Mining Nuggets from Safety Silos

May 26, 2015

Better access to the high value information in legacy safety reports has been, for many folk in pharma safety assessment, a “holy grail”. Locked away in these historical data are answers to questions such as:  Has this particular organ toxicity been seen before? In what species, and with what chemistry? Could new biomarker or imaging studies predict the toxicity earlier? What compounds could be leveraged to help build capabilities?

I2E enables extraction and integration of historical preclinical safety information, crucial to optimizing investment in R&D, alleviating concerns where preclinical observations are not expected to be human-relevant, and reducing late stage failures.

I2E enables extraction and integration of historical preclinical safety information, crucial to optimizing investment in R&D, alleviating concerns where preclinical observations may not be human-relevant, and reducing late stage failures.

Coming as I do from a decade of working in data informatics for safety/tox prediction, I was excited by one of the talks at the recent Linguamatics Spring User conference.

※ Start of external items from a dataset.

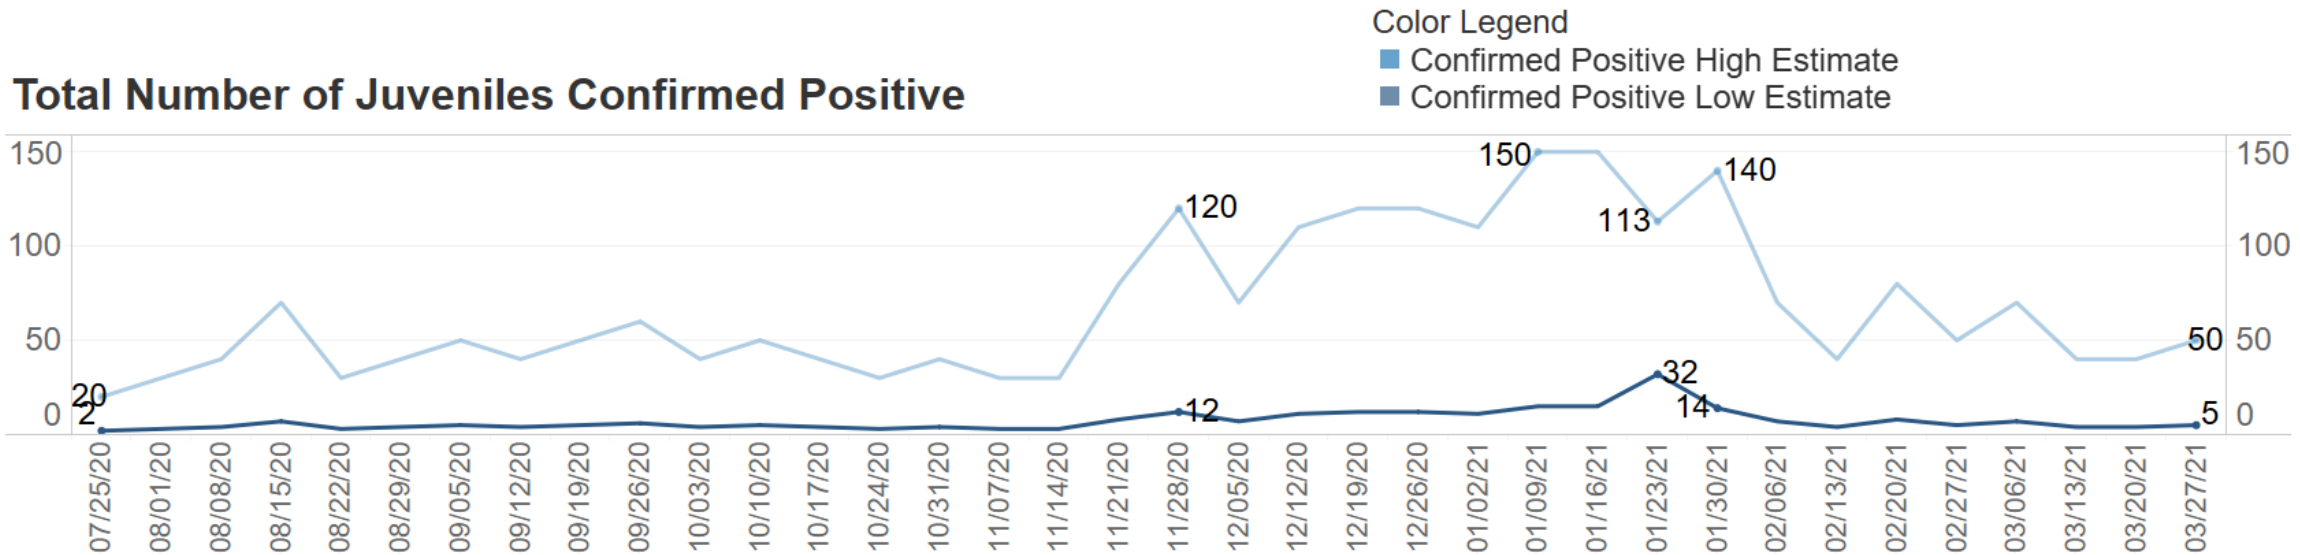

Total Number of Juveniles Confirmed Positive
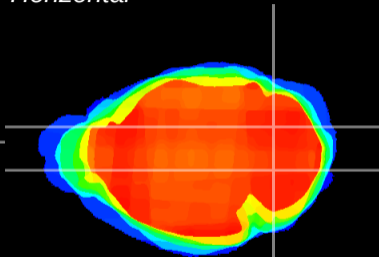

Coronal

Sagittal-R

Sagittal-L

ViBrism: CX17747
Horizontal

Cb nucleus
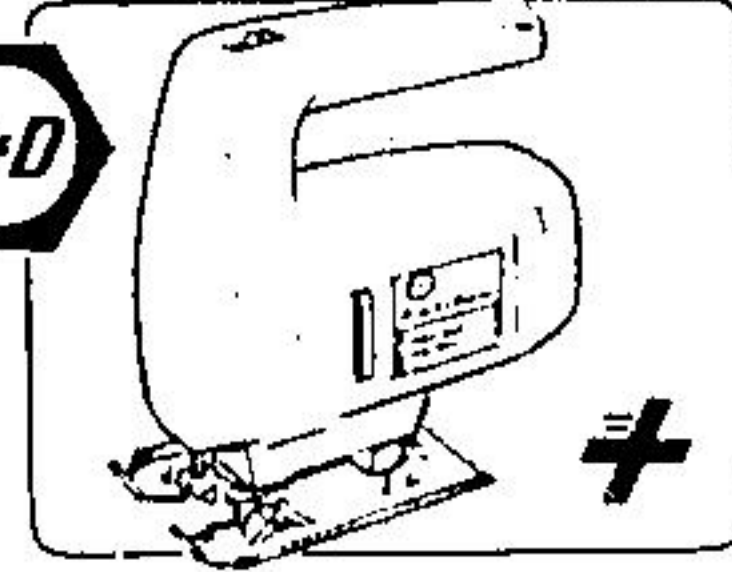

Hardware

Sander Finish 7480-04

Special Purchase Price **23⁹⁹** each

Large 4-1/2" x 11" sanding surface. Orbital action. Detachable 6 ft. Cord can be used as standard 2-prong extension cord. Double insulated. Accepts optional low cost dust collecting attachment.
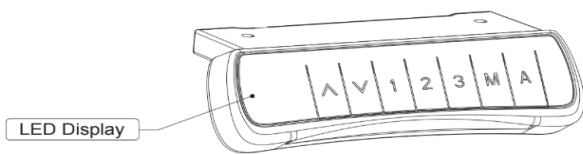

LoHi-S

Two Stage, Two Motor Height Adjustable Base

Competitive Pricing without Sacrificing Quality

The LoHi-Simple provides users with an effortless transition between sitting and standing throughout the day compounded by its price-conscious nature.

LoHi-S

Features:

- Height Range: 28" - 47.2"
(excluding surface)
- Telescoping Range: 47" - 72"
- Max Weight: 220 pounds
- Programmable Handset
w/ Reminder Function

- Standard Column Design
- Finish Colors: Black and Silver
- Ships within 48 business hours
- Foot Size: 26.75"
- Warranty
 - 5 Year Limited Warranty
 - Details Found at:
<https://303-furniture.com/warranty>

Wendy Cornell (ex-Merck) presented on an ambitious project to use Linguamatics text mining platform, I2E, in a workflow to extract high value information from safety assessment reports stored in Documentum.

Access to historic safety data is a potential advantage that will be helped with the use of standards in electronic data submission for regulatory studies (e.g. CDISC’s SEND, the standard for exchange of non-clinical data).

Standardizing the formats and vocabularies for key domains in safety studies will enable these data to be fed into searchable databases; however these structured data miss the intellectual content added by the pathologists and toxicologists, whose conclusions are essential for understanding whether evidence of a particular tox finding (e.g. hyalinosis, single cell necrosis, blood enzyme elevations) signals a potential serious problem in humans or is specific to the animal model.

For these key conclusions, access to the full study reports is essential.

At Merck, Wendy’s Proprietary Information and Knowledge Management group, in collaboration with the Safety Assessment and Laboratory Animal Resources (SALAR) group, developed an I2E workflow that extracted the key findings from safety assessment ante- and post-mortem reports, final reports, and protocols, in particular pulling out:

  • Study annotation (species, study duration, compound, target, dosage)
  • Interpreted results sections (i.e. summary or conclusions sections)
  • Organ-specific toxicology and histopathology findings
  • Haematological and serum biochemistry findings

In addition, a separate arm in the workflow leveraged the ABBYY OCR software to extract toxicokinetic (TK) parameters such as area under the curve (AUC), maximum drug concentration (Cmax), and time after dosing of peak drug plasma exposure (TMax) from PDF versions of the documents.

The extracted and normalized information was loaded into a semantic knowledgebase in the Cambridge Semantics ANZO tool and searched and visualized using a tailored ANZO dashboard. This faceted browsing environment enabled the SALAR researchers to ask questions such as, “what compounds with rat 3-month studies show kidney effects, and for these compounds, what long term studies do we have?”

Wendy presented several use cases showing real value of this system to the business, including the potential to influence regulatory guidelines. For example, the team were able to run an analysis to assess the correlation between 3-month sub-chronic non-rodent studies, and 9- or 12-month chronic non-rodent results; they found that in nearly 30% of cases an important new toxicologic finding was identified in the long-term studies, confirming the ongoing need for long-term studies.

Wendy stated, “This unstructured information represents a rich body of knowledge which, in aggregate, has potential to identify capability gaps and evaluate individual findings on active pipeline compounds in the context of broad historical data.”

With the current focus on refinement, replacement and reduction of animal studies, being able to identify when long-term studies are needed vs. when they are not essential for human risk assessment, will be hugely valuable; and extracting these nuggets of information from historic data will contribute to this understanding.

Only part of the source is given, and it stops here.